Cognitive dissonance in meat-eaters English talk by David Leonard, MSc. (Austria)
Franz von Sales: Seminar room, ground floor
Cognitive dissonance in meat-eaters and effective vegan advocacy
The phenomenon of cognitive dissonance in meat-eaters is well established in the literature, but little understood. In particular, it is unclear which of the competing cognitive dissonance models is at play. This distinction is important, however, as each of the different models suggest alternative strategies which may employed by vegan advocates to increase the persuasive impact of their communications. The question is: can we be more effective by properly preparing our audience, rather than changing our message.
This issue is explored using an experimental design, whereby the
success of an (ethical) vegan advocacy message is measured across groups of participants, whose receptiveness is promoted through a variety of scalable interventions derived from the cognitive dissonance literature. Attitude change resulting from exposure to the vegan advocacy message was deemed successful according to the degree that participant attitudes moved closer to those of the vegan advocates who took part in this project during the 2016 CARE Conference in Warsaw.

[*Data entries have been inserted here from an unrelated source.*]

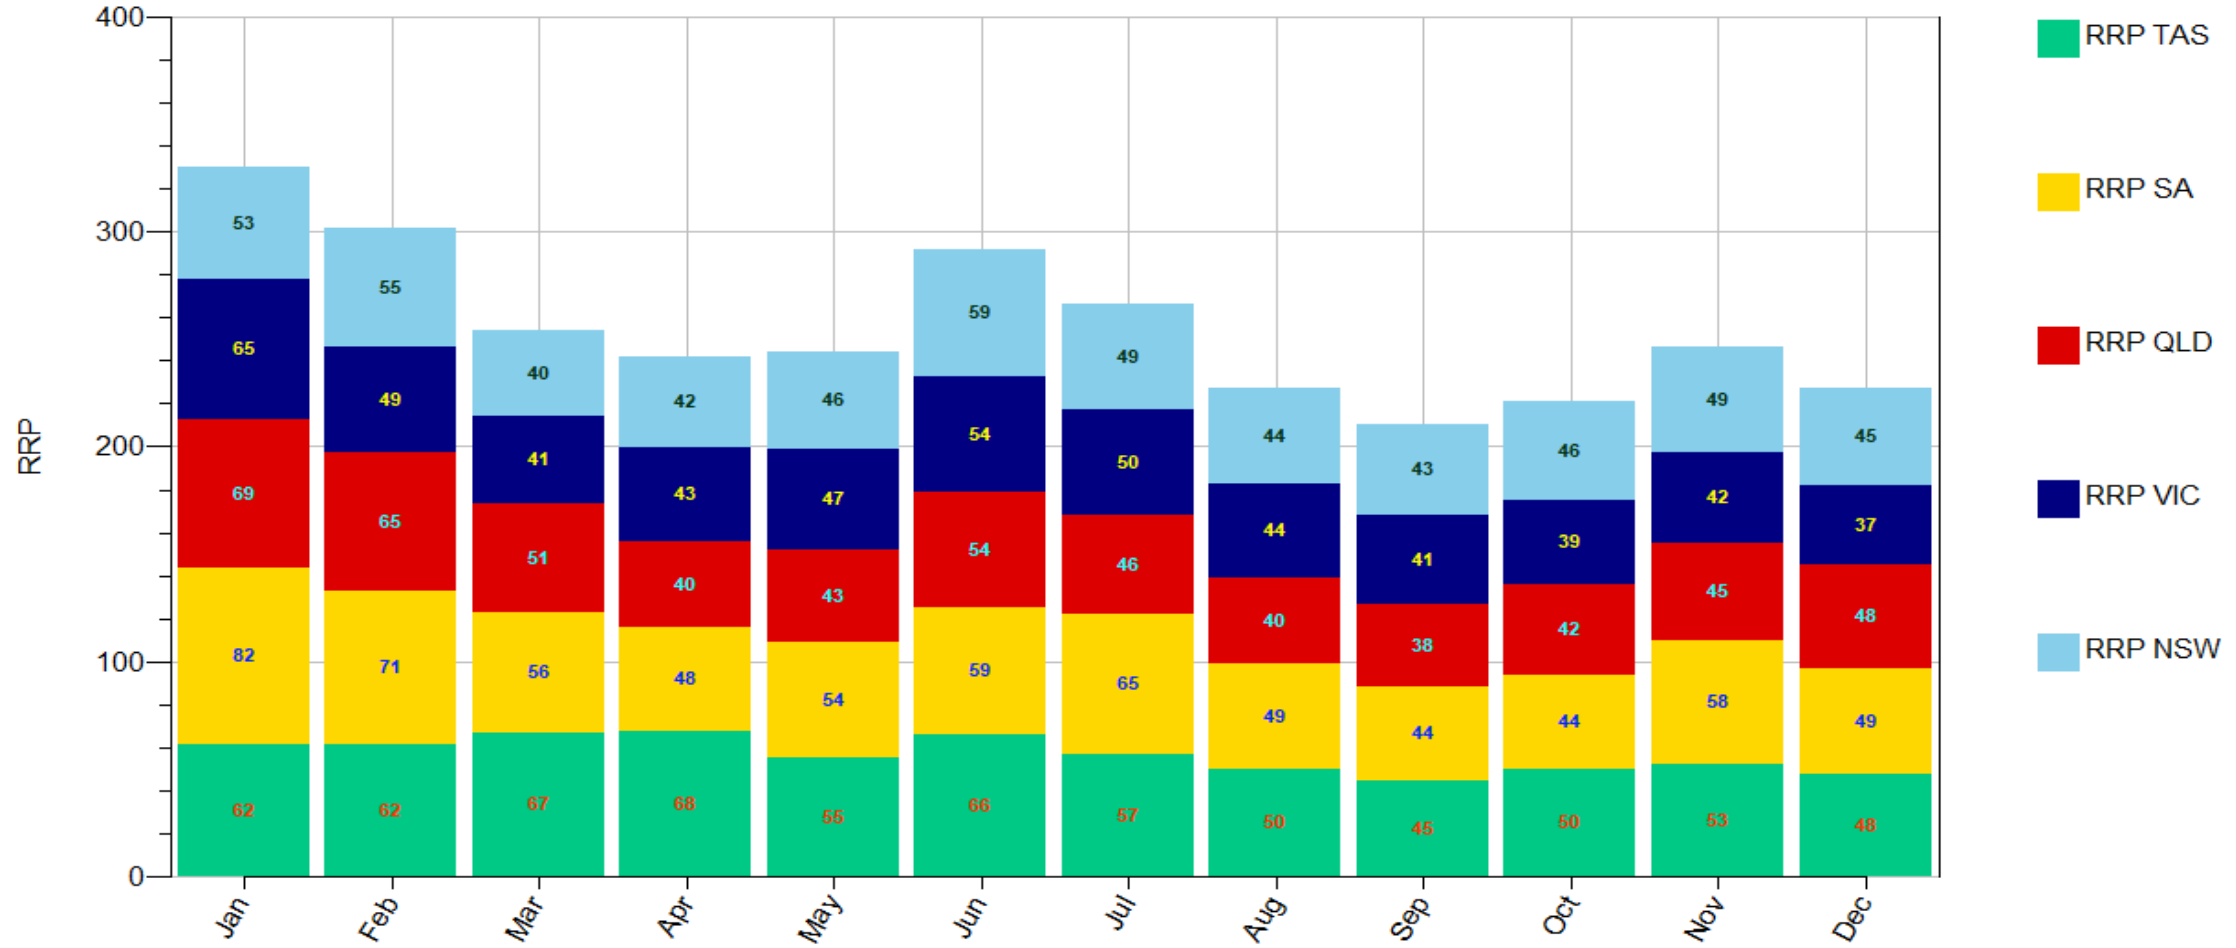

RRP_DayOfWeek_Stack 1999-2014

Data source:

RRP_DayOfWeek_Stack 2015-2020

RRP_DayOfWeek_Line 1999-2020

RRP_DayOfWeek_Line 1999-2014

RRP_DayOfWeek_Line 2015-2020

Data source:

RRP_DayOfWeek_Scale 1999-2020

RRP_DayOfWeek_Scale 1999-2014

RRP_DayOfWeek_Scale 2015-2020

RRP_WeekOfYear_Stack 1999-2020

RRP_WeekOfYear_Stack 1999-2014

Data source:

RRP_WeekOfYear_Stack 2015-2020

Data source:

RRP_WeekOfYear_Line 1999-2020

RRP_WeekOfYear_Line 1999-2014

RRP_WeekOfYear_Line 2015-2020

RRP_WeekOfYear_Scale 1999-2020

RRP_WeekOfYear_Scale 1999-2014

RRP_WeekOfYear_Scale 2015-2020

RRP_MonthOfYear_Stack 1999-2020

RRP_MonthOfYear_Stack 1999-2014

RRP_MonthOfYear_Stack 2015-2020

RRP_MonthOfYear_Line 1999-2020

RRP_MonthOfYear_Line 1999-2014

RRP_MonthOfYear_Line 2015-2020

RRP_MonthOfYear_Scale 1999-2020

RRP_MonthOfYear_Scale 1999-2014

RRP_MonthOfYear_Scale 2015-2020

The results show that exposure to the vegan advocacy message alone was able to shift some specific cognitions in the desired direction, but did not produce a statistically significant impact on holistic audience attitudes towards the use of animals for food. However, the addition of a simple intervention – which can be easily applied by activists in personal advocacy situations – was found to increase the persuasive impact of the ethical vegan message.